Social spam is a persistent problem on online social networks that can harm individuals and businesses. Machine learning and ontology-based approaches have been proposed to detect social spam. Machine learning techniques analyse data patterns and characteristics to distinguish spam from legitimate content, while ontologies explicitly model domain knowledge to create rules for identifying social spammers. However, both approaches have their limitations, such as false positives and false negatives in machine learning, and the inability to conceptualize domain-specific social spam in ontologies. Nevertheless, ongoing research in this area aims to develop more accurate and effective approaches to combat social spam on online social networks.

This study intends to fill this need by developing DSpamOnto, a domain-specific ontology for detecting social spammers in microblogging that target a certain domain. DSpamOnto can detect social spammers based on domain-specific activity such as publishing repeated or unrelated material and utilising false information. To test and confirm its utility in catching social spammers, the suggested model is evaluated and benchmarked against well-proven ML models using several assessment measures.

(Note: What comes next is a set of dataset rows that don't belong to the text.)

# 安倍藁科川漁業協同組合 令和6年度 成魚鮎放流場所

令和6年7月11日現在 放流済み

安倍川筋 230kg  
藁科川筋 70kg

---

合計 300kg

Future work in this area should focus on developing more effective and efficient techniques for detecting social spam in microblogging platforms, with a particular emphasis on domain-specific spam. By developing better detection techniques, it may be possible to reduce the negative impact of social spam on users and businesses and improve the overall quality of experience on microblogging platforms. The following are the proposed areas that will be investigated in the future:

• Incorporating DSpamOnto with machine learning techniques: The proposed domain-specific ontology, DSpamOnto, can be integrated with machine learning algorithms to improve the accuracy of social spam detection in microblogging platforms. By combining the explicit domain knowledge represented by the ontology with the pattern recognition capabilities of machine learning algorithms, more effective and efficient spam detection models can be developed.

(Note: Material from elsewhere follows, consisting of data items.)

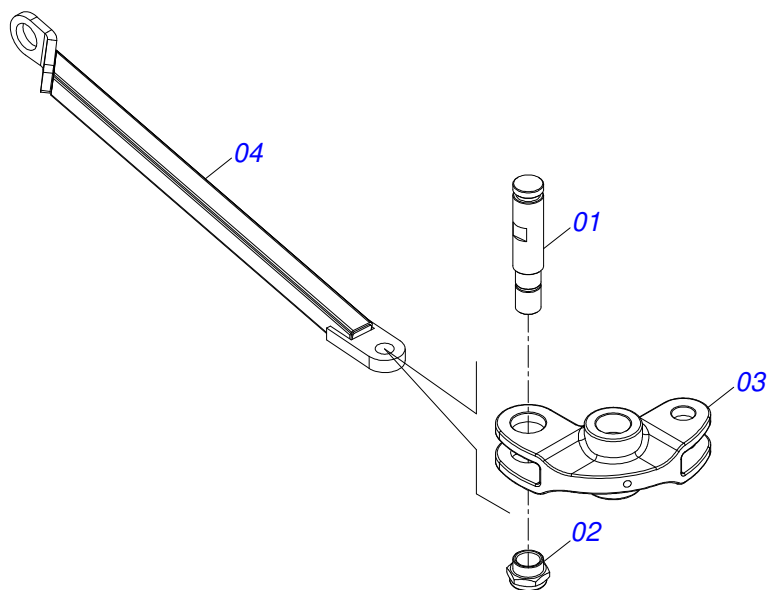

Item	Código	Descrição	Ver Pág.	QT
01	0561014074	EIXO TRAVA ARTICULACAO FIXACAO MOLLA 198		01
02	0541019258	PORCA AUTOFREN 1.1/4 C/REB		01
03	0502013057	ARTICULADOR TRAVA		01
04	0521060771	BRACO ACIONADOR DIANTEIRO DIREITO TRASEIRO ESQUERDO		01
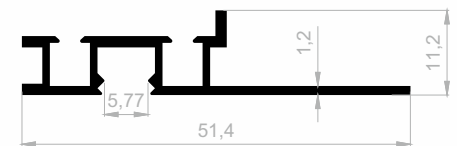

Treppenkanten und Winkelprofile

***Ihr Lösungspartner für Aluminiumprofile mit seiner
hochmodernen Produktionsinfrastruktur.***

Treppenkanten und Winkelprofile

Abmessungen Höhen Profil: 2500 mm - 2700 mm - 3000 mm

JF 2179
TREPPENKANTEN UND WINKELPROFILE
 GEWICHT : 0,114 kg/m

JF 3881
TREPPENKANTEN UND WINKELPROFILE
 GEWICHT : 0,141 kg/m

JF 3346
TREPPENKANTEN UND WINKELPROFILE
 GEWICHT : 0,141 kg/m

JF 2208
TREPPENKANTEN UND WINKELPROFILE
 GEWICHT : 0,225 kg/m

JF 8301
TREPPENKANTEN UND WINKELPROFILE
 GEWICHT : 0,146 kg/m

JF 8227
TREPPENKANTEN UND WINKELPROFILE
 GEWICHT : 0,176 kg/m

JF 3241
TREPPENKANTEN UND WINKELPROFILE
 GEWICHT : 0,170 kg/m

JF 2178
TREPPENKANTEN UND WINKELPROFILE
 GEWICHT : 0,173 kg/m

JF 3250
TREPPENKANTEN UND WINKELPROFILE
 GEWICHT : 0,299 kg/m

Treppenkanten und Winkelprofile

Abmessungen Höhen Profil: 2500 mm - 2700 mm - 3000 mm

JF 2207

TREPPENKANTEN UND WINKELPROFILE

GEWICHT : 0,125 kg/m
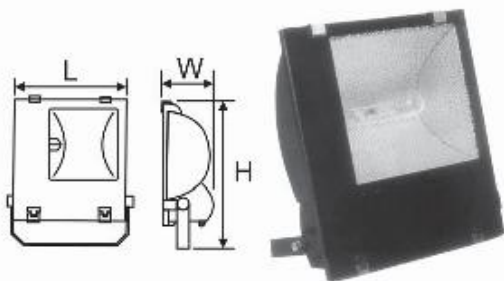

Mã sản phẩm	Điện giải		Kích thước (mm)			Đơn giá (VNĐ)
	Công suất	Điện áp	L	W	H	
LSQ 400DH	400w	220V	510	450	160	772.000
LSQ 1000	1000w	220V	620	545	237	1.748.000

* Bảng giá trên chưa bao gồm VAT.

* Sản phẩm không bao gồm bóng, tụ, kích, ballast.

* Đối với các sản phẩm không có trên bảng giá xin vui lòng liên hệ nhà cung cấp để được báo giá theo thời điểm.

* **Lưu ý:** bảng giá trên có thể thay đổi mà không thông báo trước.

B11
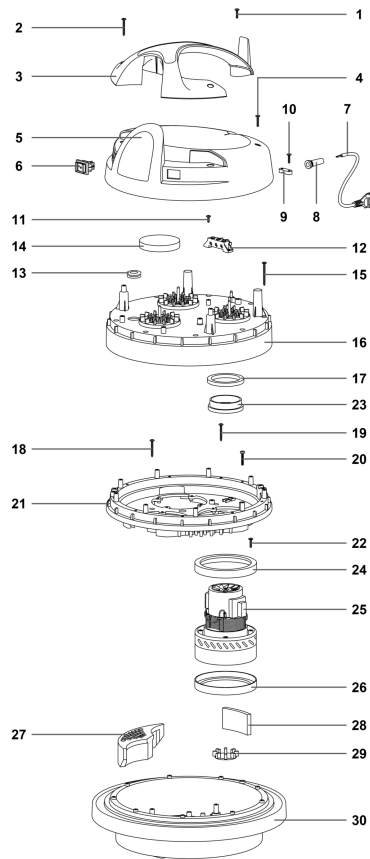

Ref. K	Part n.	Part n. 2	Description	Quantity	Validity		Price
					From	To	
*	MECB01826		WIRING 50CM MOTORE POKE-IN-TP	3,00		18/04/2022	--
*	FSVR00127		CLAMP	3,00			--
*	MECB35712		WIRE WITH RESISTANCE	1,00			--
*	MECB01831		ELECTR.KIT 50CM POKE-IN MOT TP 1200	3,00	19/04/2022		--
0001	VTVT71961		SCREW PFU TMT PHL 5X20 ZN NERA	1,00			--
0002	VTVT72106		SCREW PAT TMT PHL 5X40 BLACK	2,00			--
0003	MPVR08302		HANDLE TOPPER 600 G5000	1,00			--
0004	VTVT72055		SCREW PFU TMT PHL 5X25 ZN BLACK	2,00			--
0005	PMVR06241		COVER TOPPER 600 NE 3INT	1,00			--
0006	MECI28744		ANTISPLASH RED LIGHT SWITCHER	3,00			--
0007	MECB31445		ELECTRIC CORD 2X1,5 MT.8,5	1,00		18/04/2022	--
0007	MECB01795		POWER CORD 2X1,5 MT.1,3 C/SPINA	1,00	19/04/2022		--
0008	MEVR28673		FAIRLEAD	1,00			--
0009	MPVR28690		CABLE CLAMP	1,00			--
0010	VTVT71961		SCREW PFU TMT PHL 5X20 ZN NERA	1,00			--
0011	VTVT71960		SCREW PAT TMT PHL 5X14 ZN	2,00			--
0012	MEVR02008		TERM.BOARD 400-600 3MOT.RAD	1,00			--
0013	MEVR72017		GUIDING SLIT FOR QUICK COUPLING	1,00			--
0014	FTDP38064		FILTER MTP/65 H=15 D.95	3,00			--
0015	VTVT40007		SCREW PAT TMT PHL 5X55 BLACK	9,00			--
0016	MPVR08511		GREY COVER 600 5000	1,00			--
0017	MPVR38371		WASHER H8 D85X65	3,00			--
0018	VTVT72106		SCREW PAT TMT PHL 5X40 BLACK	9,00			--
0019	VTVT72106		SCREW PAT TMT PHL 5X40 BLACK	3,00			--
0020	VTVT01181		SCREW TC CROSS M 5X30 UNI 7687	1,00			--
0021	MPVR89502		MOTOR-FASTENER NEV.600 BLACK	1,00			--
0022	VTVT71961		SCREW PFU TMT PHL 5X20 ZN NERA	12,00			--
0023	GUGO28683		"L" GASKET W/O HOLES H=5,5	3,00			--
0024	MOMO00354		MOTOR BD302 1000W 220-240 50/60	3,00		18/04/2022	--
0024	MOMO00353		MOTOR BD382 1200W 220-240 50/60	3,00	19/04/2022		--
0025	GUGO28683		"L" GASKET W/O HOLES H=5,5	3,00			--
0026	FTDP38057		ANTINOISE TRIANGLE H=51	3,00		12/03/2024	--
0026	FTDP00891		FILTER FONO TRIANGOLARE H=53	3,00	13/03/2024		--
0027	FTDP28745		GASKET MTP/30 AU-AD 50X10X85	3,00			--
0028	MPVR28748		AUTOMATIC VALVE	3,00			--
0029	MPVR28752		COMPL.BASE NEV.600 W/S.PLATE BLACK	1,00			--
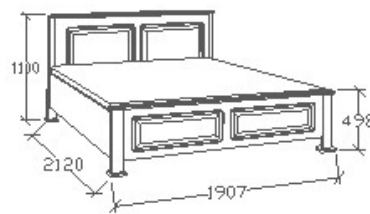

Bruttó ár

1-TÖLGY	528 000 Ft
2-CSERESZNYE	634 000 Ft
3-FEKETEDIÓ	792 000 Ft
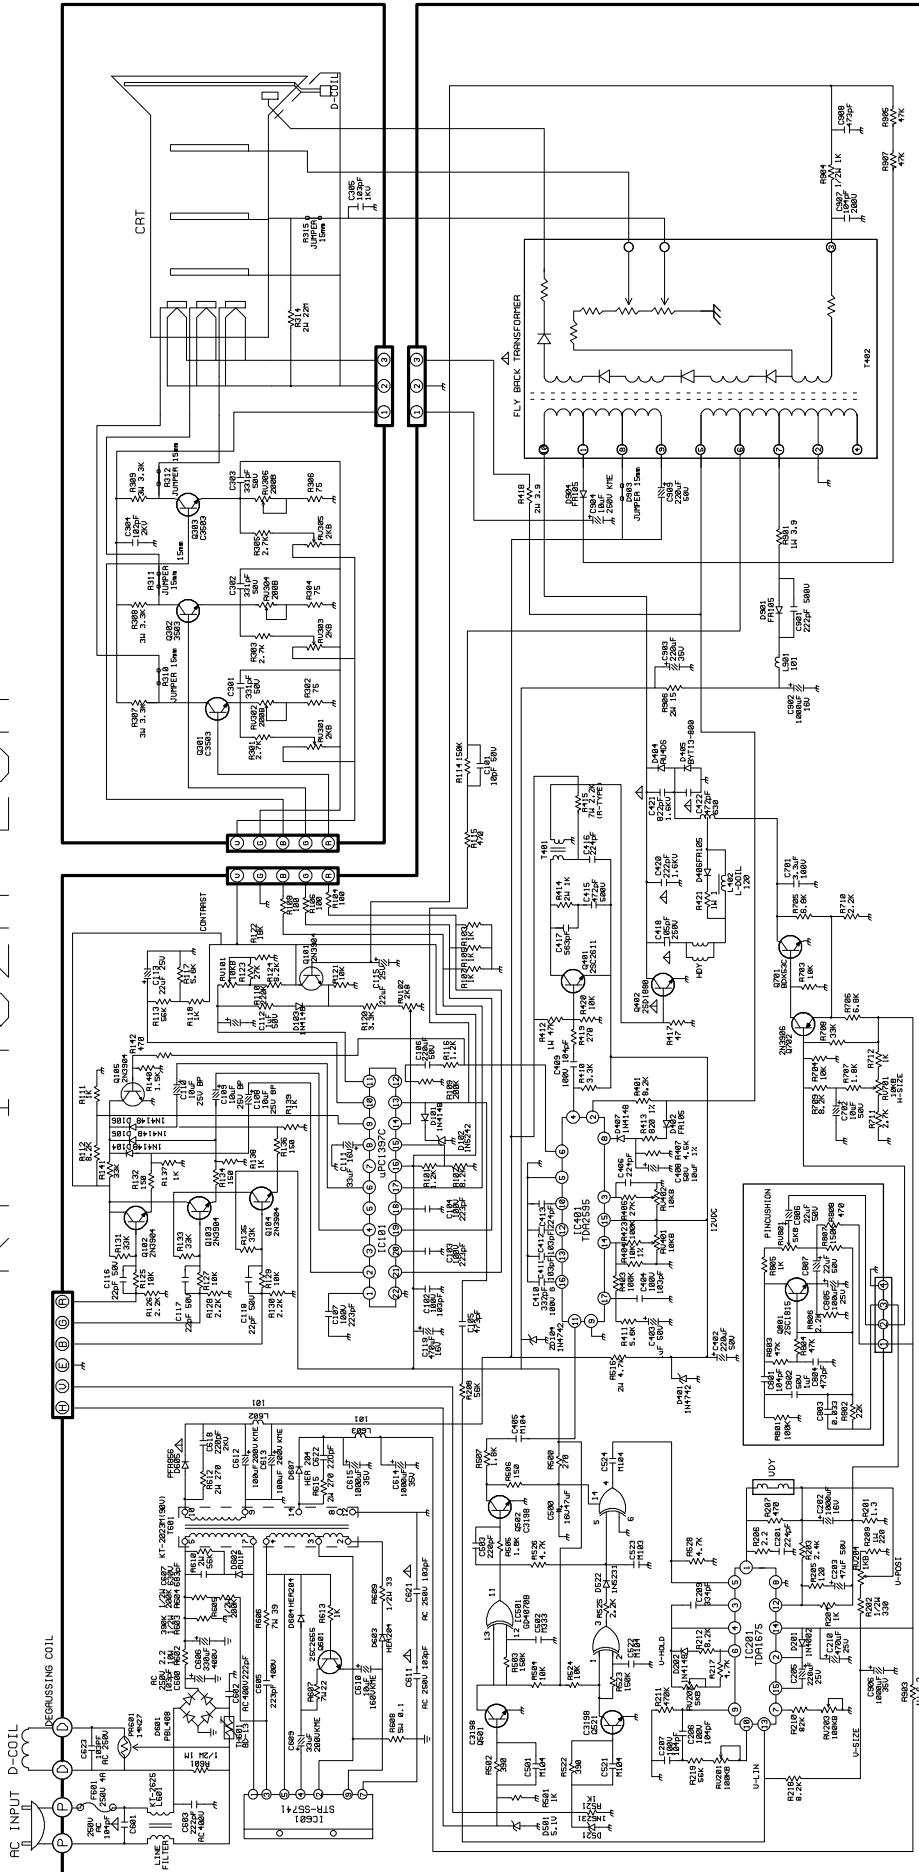

# KT-1402M EGA

MODEL NAME : KT-1402M  
 FILE NAME : 51EPR-14.SCH  
 UPRITE : 2000.01.18

M34JZT20X55	M34JZT20(30)X34
R210	1/4W 82K
R418	1/4W 180K
R802	2W 3.9 J
R805	2W 4.3 J
R903	1/4W 22K
C421	1/4W 1K
C801	1.6K 822 pF
C802	100W 104pF
C803	50W 1uF
C804	100W 224pF
D102	1N5242

• Developing a large labelled dataset for DSpamOnto: In order to train accurate machine learning models using DSpamOnto, a large labelled dataset of domain-specific spam and non-spam content is required. This can be a challenging task as it requires manual labelling of a large amount of data. However, developing such a dataset is crucial for the development and evaluation of machine learning models for detecting domain-specific social spam.
• Testing DSpamOnto on different microblogging platforms: The proposed ontology should be tested on different microblogging platforms to evaluate its effectiveness and applicability in different contexts. This will help to identify any platform-specific issues that may arise when using DSpamOnto and to develop solutions to address them.

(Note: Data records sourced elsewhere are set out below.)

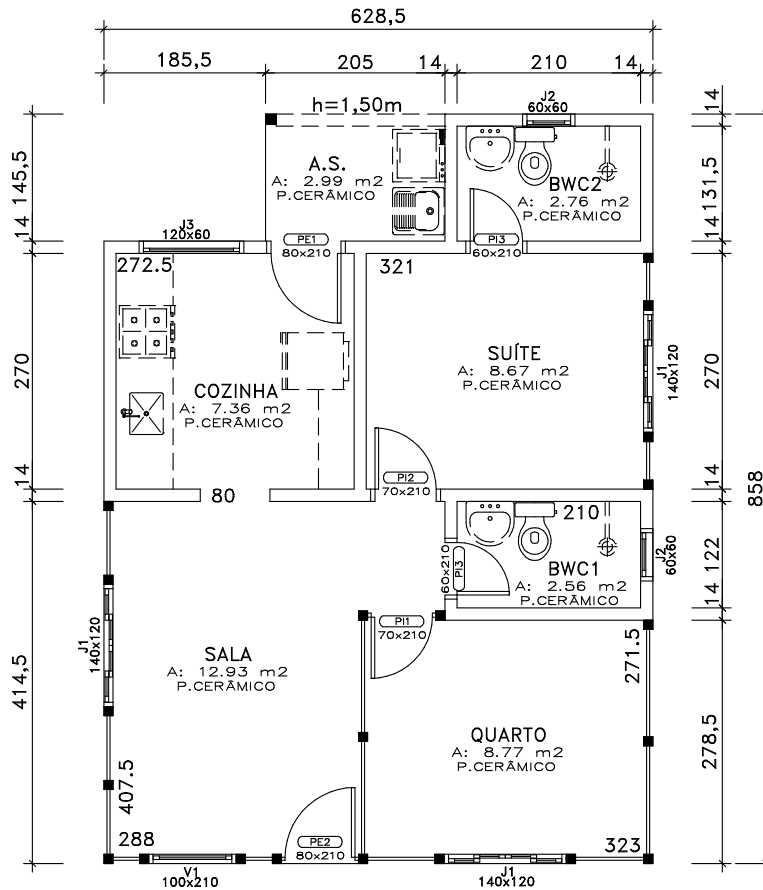

## Casas de Madeira

ÁREA TOTAL = 51,22m<sup>2</sup>
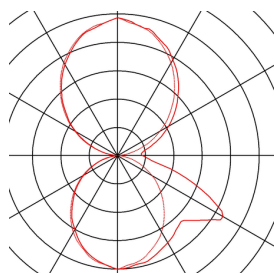

BOX-L

applique extérieure, anthracite, E27, 18W max, IP54

Applique à une lampe BOX-L en aluminium laqué et acrylique satiné, qui couvre les trois sorties lumineuses. Adapté pour l'extérieur grâce à l'indice de protection IP44. Le raccordement électrique du luminaire disponible en plusieurs coloris, s'effectue directement sur la tension secteur 230V.

INFORMATIONS TECHNIQUES

Réf.	232495
Nombre de douilles	1
Nombre de sorties lumineuses différentes	2
Code IP	IP 54
Montage	En saillie
Détails de montage	Applique
Tension nominale primaire	220-240V ~50/60Hz
Classe de protection	I
Puissance en watts	18 W
Coloris	anthracite
Répartition de l'intensité lumineuse	symétrique
Sortie lumineuse	direct - indirect
Largeur	25 cm
Hauteur	11 cm
Profondeur	11 cm
Poids net	1.144 kg
Poids brut	1.264 kg
Page du BIG WHITE	652
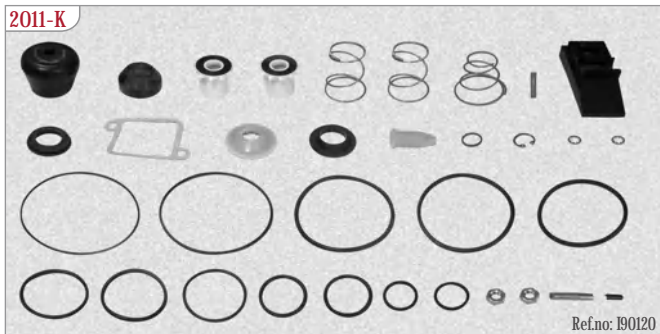

OTHER AVAILABLE REPAIR KITS

Üretilebilir Olan Diğer Tamir Takımları

MAY No	OEM Ref. No.	For Units
2010-C	I 59347	MB 4414 • MB 4421 • MB 4425 • MB 4428 • MB 4429
2010-D	I 55719	MB 4419
2011-E	I 83121	MB 4630
2011-F	I 83842	MB 4636
2011-L		MB 4653

! Other available models will be manufactured after order.
Üretimde olan diğer ürünler sipariş üzerine üretilmektedir.
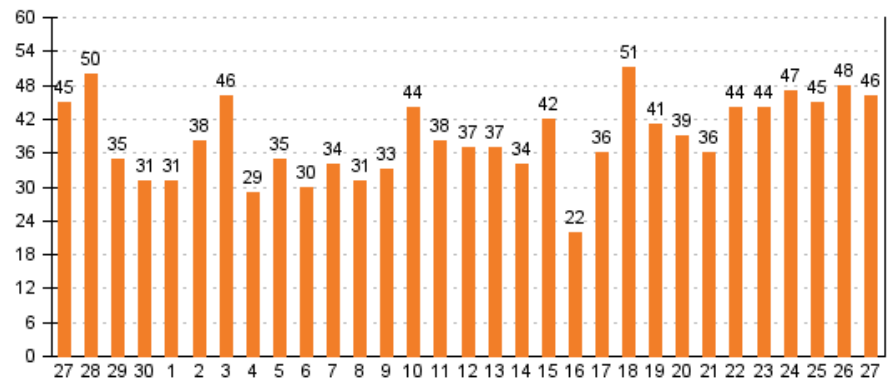

9. – 10. 5. 2015

hodinové

denní

měsíční

Počet zobrazení stránek po hodinách

Počet unikátních přístupů ke stránkám po hodinách

Od 20. 4. 2015
do 20. 5. 2015

hodinové denní měsíční

Počet zobrazení stránek po dnech

Počet unikátních přístupů ke stránkám po dnech

12. 2014 – 5. 2015

Od 27. 4. 2015 do 27. 5. 2015

hodinové denní měsíční

hodinové denní měsíční

Počet zobrazení stránek po měsících

Počet zobrazení stránek po dnech

Počet unikátních přístupů ke stránkám po měsících

Počet unikátních přístupů ke stránkám po dnech

31.5.2015

Počet zobrazení stránek po měsících

Počet unikátních přístupů ke stránkám po měsících

Návštěvnost stránek po měsících

Rok 2015

Počet zobrazení stránek po měsících

Návštěvnost stránek po měsících

Rok 2015

hodinové denní **měsíční**

do 27.12.

Počet zobrazení stránek po měsících

• Developing strategies to combat evasive social spammers: As noted in the literature, spammers can use various techniques to evade detection, such as using natural language variations and changing account information frequently. Therefore, it is important to develop strategies to detect and combat these evasive social spammers. This may involve using more sophisticated machine learning algorithms or incorporating additional features into DSpamOnto to identify these tactics.